I have to make a correction. The book I recommended is Farmstead Creamery Advisor. It does advise to work closely with your local inspector. Sorry about that. Don't know where my memory has gone.


----------



## nightskyfarm (Sep 7, 2009)

What Stacey said. The inspectors were here on the property before I broke any ground. Yes, I designed my barn and cheese room myself with their guidance. Point one, you can not got through from the barn to cheese room without exiting one part of the space and then entering the cheese room. You can go from the milking parlor to either the barn or the milk room. Lots of concrete, lots of frp on the walls and enameled tin on the ceilings of the parlor and milk room. Hot and cold water in every conceivable corner with of course paper towels!
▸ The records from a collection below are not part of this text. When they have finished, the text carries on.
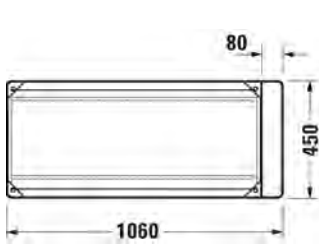

Malli:

Metallikonsoli

Metallikonsoli

Väri:

Kromi

Matta musta

Tuotekoodi:

003 103 1000

003 103 4600

Ovh.€, 25,5% alv:

1.511,00

1.310,00

Tilattava erikseen:

Lasihylly

Cubic Line

009965 8200

618,00

Lasihylly

Valkoinen

009965 8300

308,00

Lasihylly

Musta

009965 8400

308,00

Lasihylly

Jade

009965 8500

308,00

Lasihylly

Apricot Pearl

009965 8600

308,00

Lasihylly

Flannel Grey

009965 8700

308,00

Lasihylly

Stone Blue

009965 8800

308,00
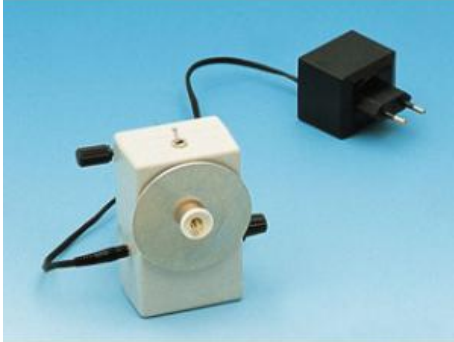

Date d'édition : 12.04.2025

Ref : 662410

Moteur avec régulateur de commande

avec porte-disque et pince pour la fixation sur un support.

Plage de régulation: 0... 25 tr/s

Possibilité de changer le sens de rotation

Alimentation: par adaptateur secteur enfichable (inclus dans la référence)

Dimensions: 110 mm x 70 mm x 45 mm Masse: 200 g

Catégories / Arborescence

Sciences > Biologie > Produits > Human biology > Physiology
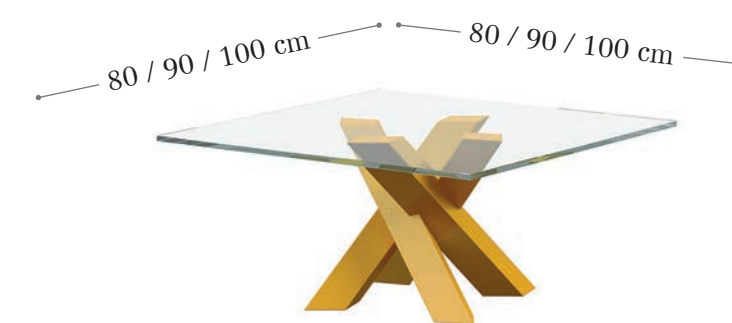

Opción mesa cuadrada
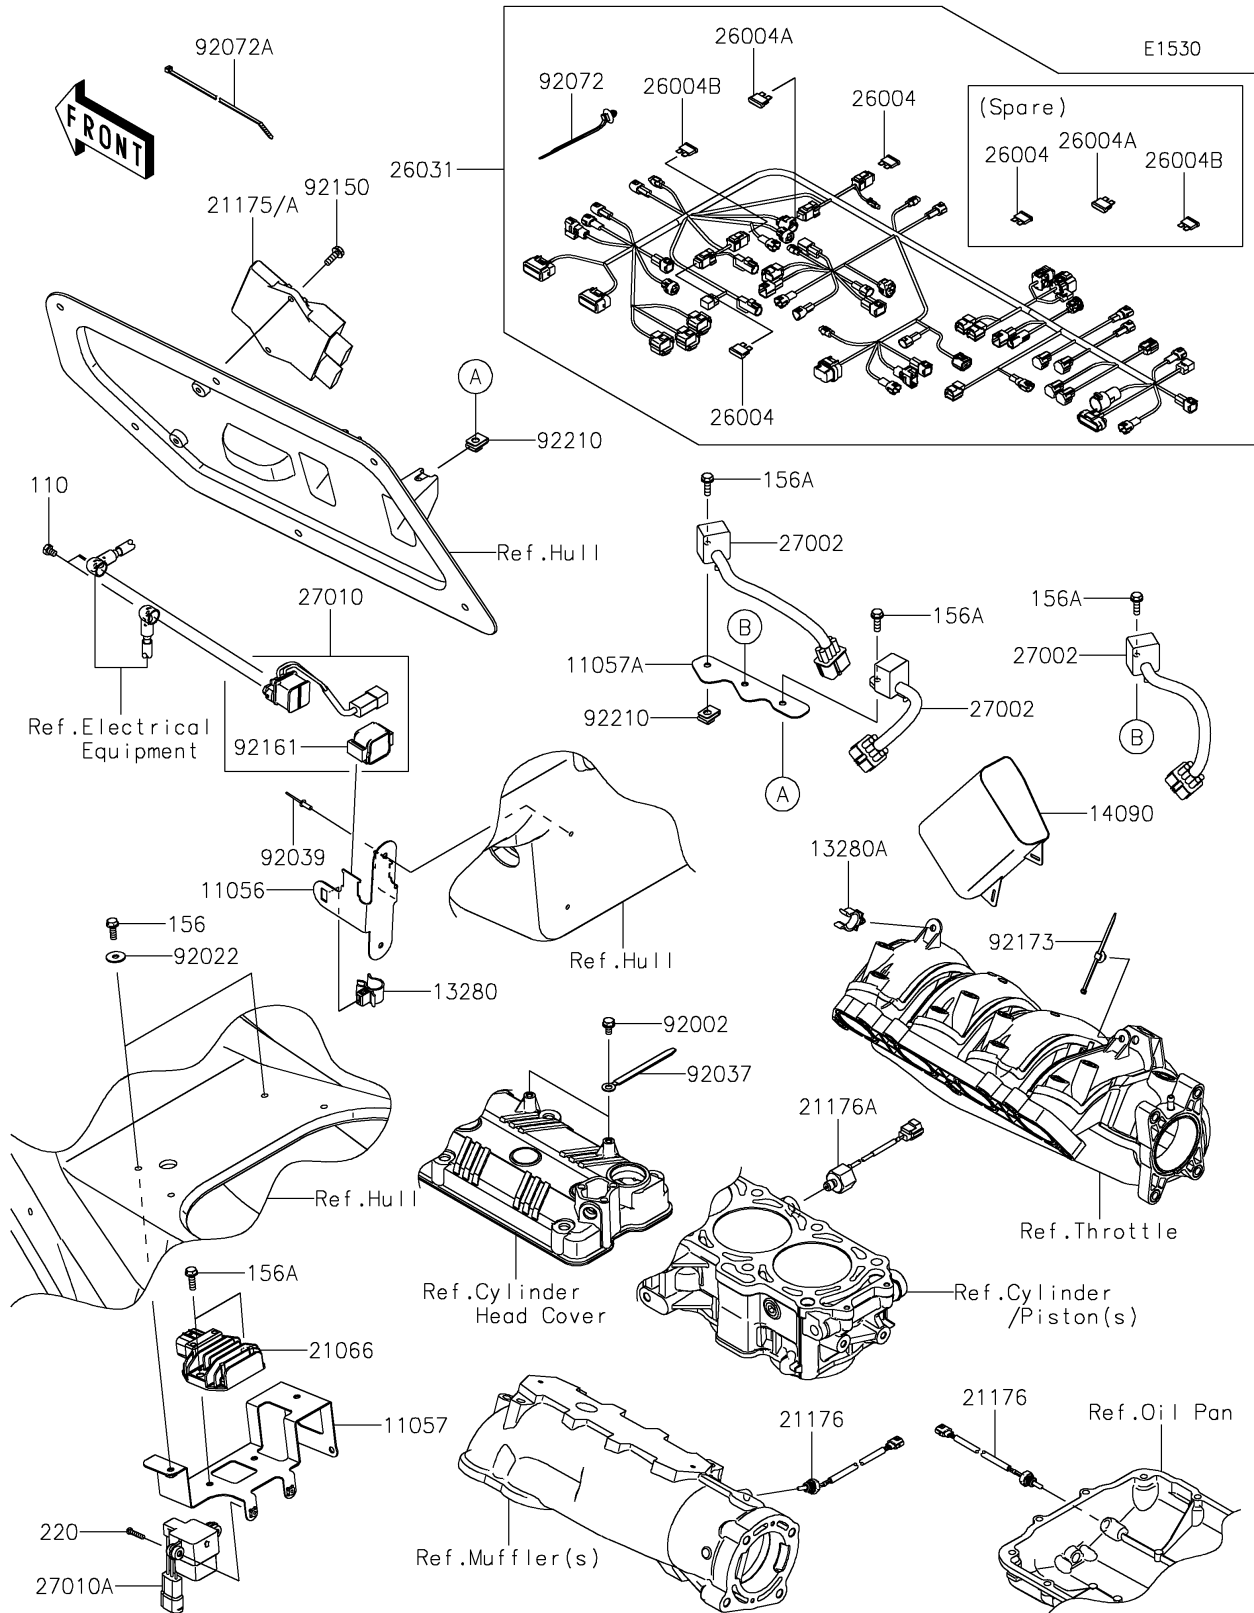

2022 JET SKI® ULTRA® 310LX-S

PARTS DIAGRAM

Fuel Injection

2022 JET SKI® ULTRA® 310LX-S

PARTS LIST Fuel Injection

ITEM NAME	PART NUMBER	QUANTITY
-----------	-------------	----------

Hand sink here, hand sink there, hand sink everywhere! The layout of the animal space was pretty much not an issue only the three "dairy areas": Holding Pen, Parlor and Milk Room. My cheese room is a separate permit. Water source needs to be 100 ft from the barn or other animal living areas, ie. manure pile. There are even guidelines on where to put light bulbs and how much candlepower for each space. I had wanted a barn where I didn't have to leave the building to any of my work. What I have is as close to that as I could legally get. I had to separate my animals from the milk and all that from the cheese areas. You have to physically leave the building and re-enter to get into the cheese room. Thus, 4 doors on my barn: one to the upstairs, one to the storage room which you then go through to get into the barn area and parlor, one door for the milk room (where the bulk tank is and the sinks to wash the milking equipment) and a door to the cheese room. If you are intent on being a regulated dairy facility, these are some of the requirements to be aware of. You can't heat your cheese room with a wood stove either. Double Darn! Our fuel bills for the dairy are high. We use propane for water and pasteurizing, electric for the old DeLaval vacuum pump which uses a great percentage of our bill (I milk on a pipeline system and the vacuum pump is used for the washing as well as the milking) and electric for cooling milk and heating/cooling the cheese room. I milk 25 -30 does at peak and 2 Jersey cows. And yes, I LOVE my job, too.


----------



## Qvrfullmidwife (Oct 25, 2007)

If you are talking of building in TX part of the law is that they have to approve your plans before you build. Your inspector can be a big help--I'd start with a call to them if you are talking Texas.


----------



## jdranch (Jan 31, 2010)

I have heard the above mentioned book is a good resource.


----------